1- Syndrome d’insuffisance médullaire :

• L’anémie est responsable de pâleur, tachycardie, dyspnée d’effort, souffle systolique.

• La thrombopénie avec des signes hémorragiques allant du simple purpura ecchymotique à l’hémorragie cérébroméningée, dont le risque est accentué en présence d’hémorragies rétiniennes au fond d’oeil.

• La granulopénie, source de complications infectieuses graves. Cependant la fièvre est au moins aussi souvent d’origine tumorale qu’infectieuse.

2- Syndrome tumoral :

Après la moelle et le sang, tous les organes peuvent être envahis. L’implication des organes lymphoïdes, l’envahissement des testicules ou du système nerveux central évoquent le caractère lymphoblastique de la leucémie aiguë.

• Adénopathies périphériques ou profondes, hépatomégalie et (ou) splénomégalie de taille variable présentes 3 fois sur 4 ne sont pas distinctives à l’exception des masses médiastinales antérieures parfois compressives qui suggèrent une leucémie lymphoblastique aiguë de phénotype T.

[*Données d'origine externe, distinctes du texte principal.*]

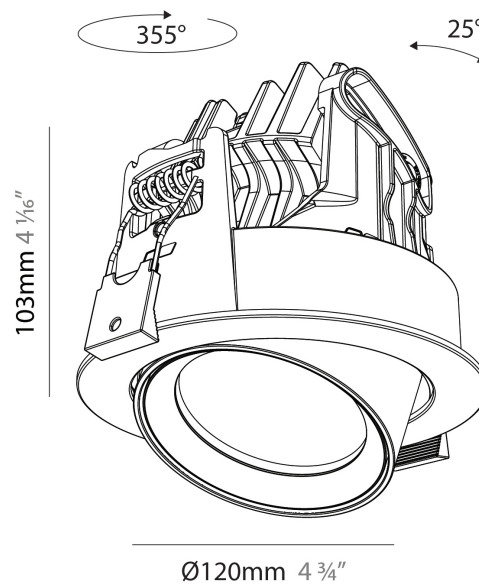

GENERAL

Series: Centriq
Subseries: Centriq Round Adjustable
Brand: Prolicht
Division: Architectural
Mounting Type: Recessed
Mounting Location: Ceiling
Subcategory: Spots

PHYSICAL

Shape: Cylinder
Diameter (mm): 120
Diameter (in): 4 ¾
Height (mm): 105
Height (in): 4 ⅛
Min. Recessing Depth (mm): 120
Min. Recessing Depth (in): 4 ¾
Light Distribution: Adjustable / Direct
Weight (kg): 0.651
Diffuser: Lens Pack - No Lens / Opal / Linear Spread Lens / Honeycomb / Spread Lens
Fixture Finish: SSR / BKV / CWI / CRY / HAB / LAG / UFT / ITA / RUA / RUR / MIC / FTG / MYG / TWT / LOD / PUS / FRO / FUP / KIA / POP / BLS / SPG / MEY / GOH / GUM / CHC / COM / ABZ / JAG / OBR / MOS / ROR
Fixture Material: Aluminum
Cut-out Measurements: Dia. 112mm / 4 7/16"

ELECTRICAL

Lamp Type: LED (Zhaga Standard)
Input Wattage (W): 27.4
Total Output Wattage (W): 24.6
Dimming: Dali Dimming
Driver Included: No
Driver Location: Remote
Driver Type: Constant Current - Universal
Driver Class: Class 2
Input Voltage (V): 120 - 277
Constant Current (MA): 700

LED

Color Temperature (°K): 2700-6500 Tunable White
Max. Delivered Lumen (lm): Max 2403
Nominal Lumen (lm): 2827
CRI: >90 CRI
Lamp Life (hrs): 50000

OPTICAL

Reflector°: 24 / 34 / 54
Adjustability: Rotational 350°; Tilt 90°

RATINGS AND CERTIFICATIONS

Certified By: Certified for North American Standards
IP rating: IP20

• L’envahissement du système nerveux central peut se manifester par une atteinte des nerfs crâniens (paralysies oculomotrices), un syndrome méningé, des signes d’hypertension intracrânienne, une hypo-estésie de la houppe du menton… Dans tous les cas, la ponction lombaire est nécessaire pour affirmer l’atteinte méningée ou déceler un envahissement infraclinique.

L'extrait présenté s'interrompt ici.